Veterinarian advises on hygiene to avoid mortality.
Speaking in an interview recently, the veterinary officer for the Central District, Dr Jaone Sebina said the current poor and unhygienic animal husbandry practices caused a huge loss in kids and lambs.
The warning followed a recent outcry by farmers regarding the high mortality rate of new born kids and lambs two to three months after birth. Dr Sebina said kids and lambs, just like new born babies, were neonates and required certain standards of hygiene and care, explaining that just like the maternity wing of a hospital requires hygiene standards, cleanliness was paramount for kidding and lambing pens.
The veterinary officer stated that animal kraals in Botswana were characterised by huge piles of manure which harboured germs and parasites which could cause diarrhoea and death in kids.
He said when neonates were dropped into the manure piles, infection entered through the navel or ruptured umbilical cord.
Furthermore, Dr Sebina warned against the practice of confining kids and lambs in small pens, saying as they grew, they started to have interest in food and explored by nibbling on dung pellets, thereby ingesting polluted food.
He said it was important for kids to be delivered and raised in clean pens, emphasising the need for pens to be swept regularly to reduce manure accumulation.
Dr Sebina explained that neonates should have their ruptured umbilical cords disinfected immediately after birth to close infection entry points. He also stated that prevention of diseases through vaccination was effective and cheaper than treatment with antibiotics, adding that improper usage of antibiotics would lead to antibiotic resistance.
He further said kids and lambs should be born from animals that had been vaccinated to prevent diseases, saying the mothers would then be able to use the immunity to protect the neonates until they lost maternally derived antibodies at about two months.
Dr Sebina advised that the goat mothers should be vaccinated against common diseases such as pasteurella, pulpy kidney and other common diseases.
Furthermore, he said the mothers should have gone through a continuous de-worming process to get rid of of internal parasites that were common in goats across the country.
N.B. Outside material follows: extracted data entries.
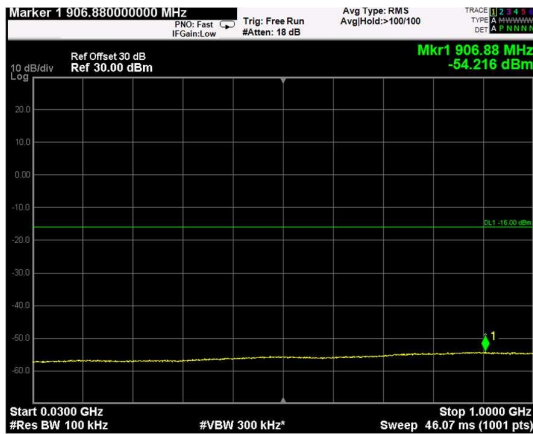

Channel: MIDDLE, Modulation: 64QAM, BW=15MHz, Range: Lower
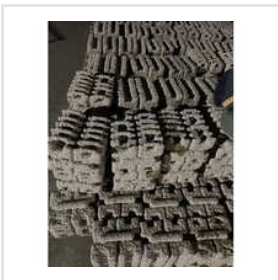

## About Us

Expand your businesses product range with our extensive array of products at Spago India, including Fire detectors, 3-Way Inlet, MCP Box, Drum Bombay Style, Wax Pattern Production, Automobile Casting and Industrial Glass Hardware Casting Set. We serve as a manufacturer, supplier, and service provider and provide the services of Hardware Investment Casting as well. Every product that we sell is thoroughly tested, especially our firefighting equipment, as they hold prominent importance in the case of tackling emergency situations. Further, being a prominent seller and provider in the market, we have always regarded high quality to be our primary goal, and to achieve it, we continually try to bring about changes in our production methods. Our ability to provide such high quality at the most economical prices has

**Drum Bombay Style**

**4 Fire Brigade Inlet Connection**

**3 Way Inlet**

**2 Way Inlet**

**Single Door**

**Shells Investment Casting**

**Industrial Wax Pattern Production**

**Industrial Glass Hardware Casting Set**
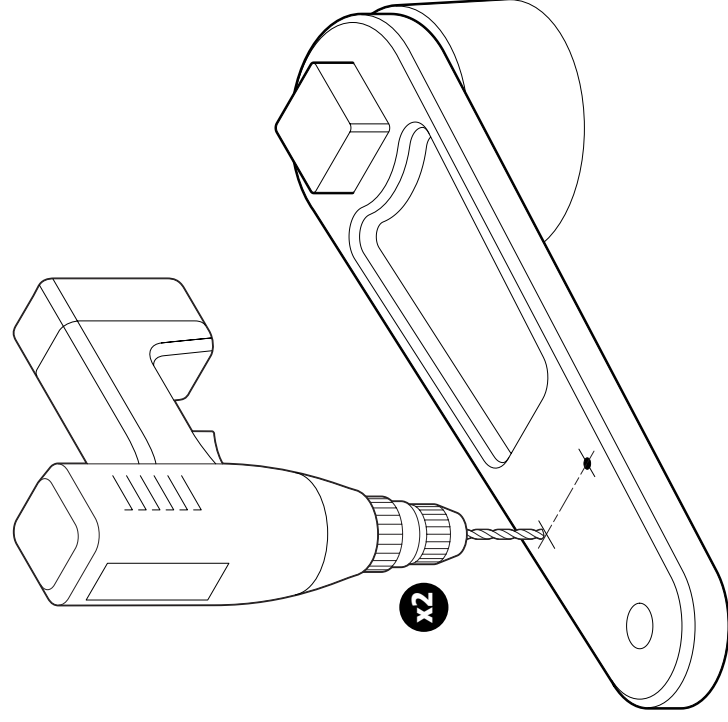

Parts Supplied

Tools Required

Raymarine Ltd, Portsmouth, Hampshire, UK PO3 5TD
Raymarine Inc. Nashua, NH 03063-4219, USA
Recyclable Material - Please dispose of responsibly.

+44 (0) 23 9269 3611
Toll Free: 800-539-5539
+1 603-881-5200

87012-1

DC388-1

2.

DC388-1

TEMPLATE OTHER SIDE

1. Installation Checks

Check
Center the rudder
Centrer le gouvernail
Ruder zentrieren
Centro del timón
Centrare il timone

DC388-1

3.

DC388-1
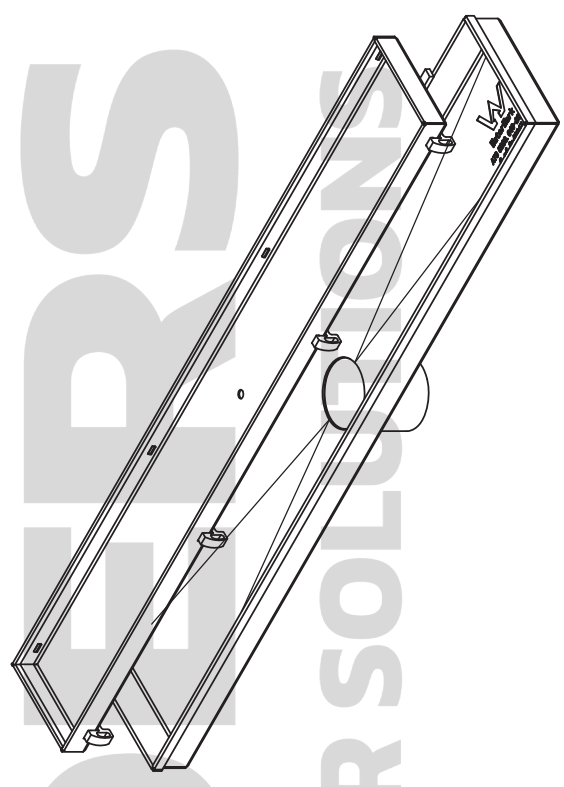

600/700/800/900/1000/1200/1500/1800mm

Aqualuna

Drawings are for guide purposes only and may be subject to change at any time

Aqualuna

Drawings are for guide purposes only and may be subject to change at any time

600/700/800/900/1000/1200/1500/1800/2100/2400mm

AquaLuna

Drawings are for guide purposes only and may be subject to change at any time

2700/3000mm

STEEL BUILDERS
CREATING SMARTER SOLUTIONS

Aqua luna

Drawings are for guide purposes only and may be subject to change at any time

Dr Sebina also emphasised the importance of neonates to consume colostrum immediately after birth (within the first two hours of birth) before the intestines closed for absorption.
He explained that through colostrum the mother passed important antibodies for protection against diseases to the neonate, which should protect the kid or lamb for the first two months after birth. After two months, he said the kids should be immediately immunised against pasteurella and pulpy kidney, preferably using a cocktail vaccine to protect against many diseases.
He also mentioned that vaccination should be repeated three times at four weeks interval to ensure optimum generation of protective antibodies.
Dr Sebina said deworming should be done every 14 days, adding that deworming could be done for four months until they were six months and then frequency reduced to 28 days.
The veterinary officer said revaccination of kids and lambs could be done at six months old together with adult breeding goats and sheep before the mating season for them to carry on the antibodies to the next set of kids and lambs to be born.